No último sábado (21), o presidente Luiz Inácio Lula da Silva expressou sua indignação em relação à passividade dos membros do Conselho de Segurança da ONU, que, segundo ele, não têm conseguido pôr fim às guerras ao redor do mundo. Durante seu discurso no Fórum Celac-África, em Bogotá, Lula questionou a eficácia da ONU e criticou a atuação dos países mais poderosos, que, segundo ele, perpetuam os conflitos.

O presidente brasileiro afirmou que a falta de ação do Conselho de Segurança é alarmante, citando situações de conflito em locais como Gaza, Iraque, Líbia e Ucrânia. Ele enfatizou que a resolução de problemas globais não deve depender da força militar e que é inaceitável que nações mais poderosas se considerem donas de países mais vulneráveis.

Defesa dos Países em Desenvolvimento

Lula também fez uma defesa contundente dos países latino-americanos e africanos, ressaltando a importância de que essas nações não aceitem ser meros exportadores de recursos naturais. Ele destacou que é fundamental que os países em desenvolvimento utilizem suas reservas minerais para promover seu próprio crescimento econômico, em vez de permitir que potências globais se apropriem de seus recursos.

O presidente alertou sobre a exploração de minerais críticos e a necessidade de um desenvolvimento autônomo. Ele afirmou que a América Latina e a África têm a oportunidade de se fortalecer e não devem se submeter às demandas das grandes potências.

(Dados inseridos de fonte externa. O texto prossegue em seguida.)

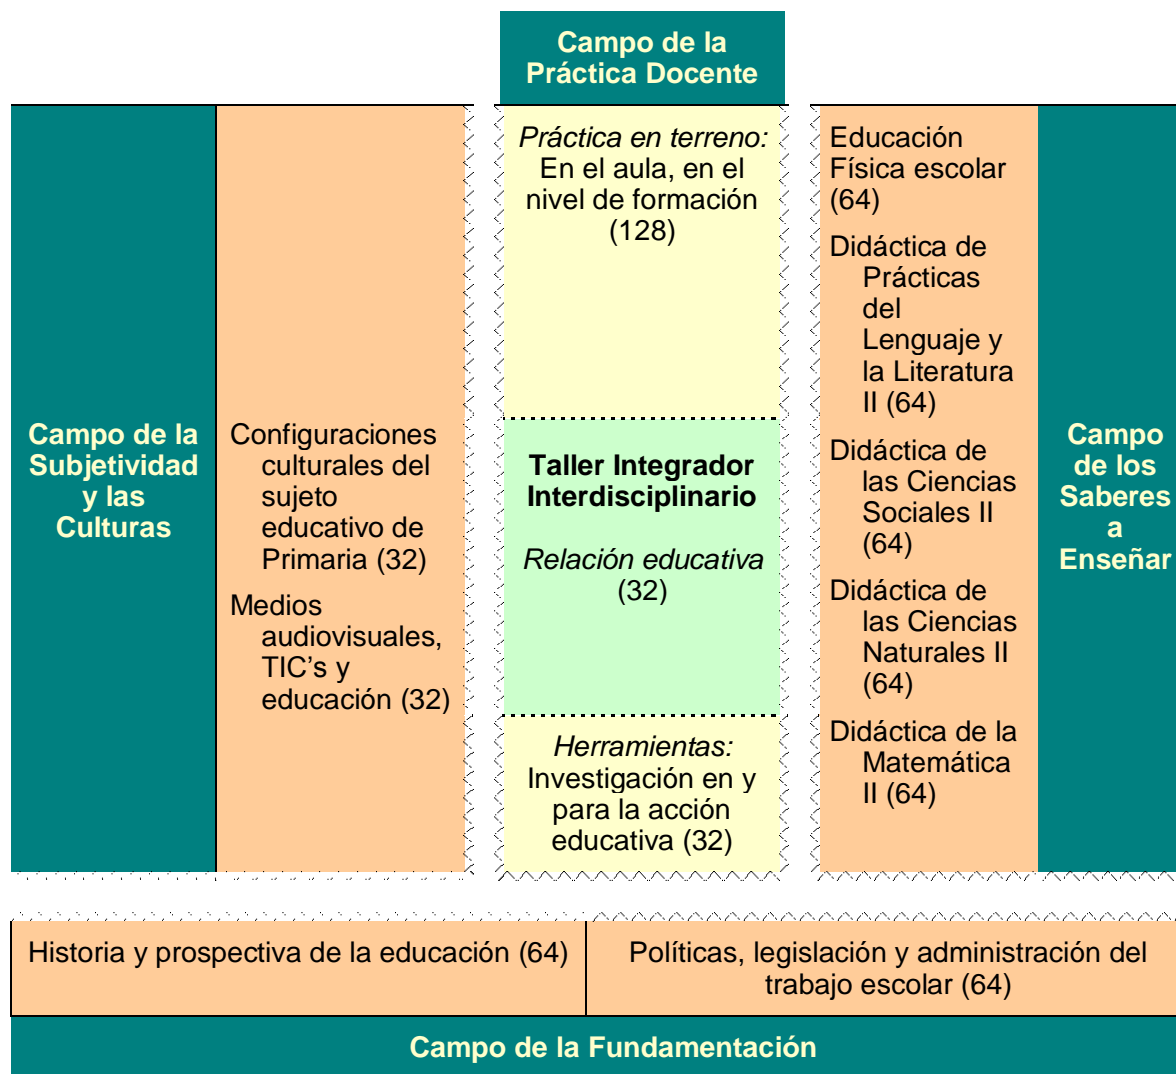

3er. Año Primaria

Total de horas: 704 hs.

Preocupações com Conflitos e Desigualdade

Lula expressou sua profunda preocupação com a atual concentração de conflitos no mundo, que, segundo ele, é a maior desde a Segunda Guerra Mundial. Ele mencionou que as guerras em diversas regiões têm impactos diretos na economia global, elevando os preços de energia e alimentos, e afastando o desenvolvimento social e econômico.

O presidente também ressaltou a importância da União Africana como um modelo de integração regional e a necessidade de enfrentar a herança colonial, afirmando que o Brasil ainda tem uma dívida histórica com a África devido ao período de escravidão.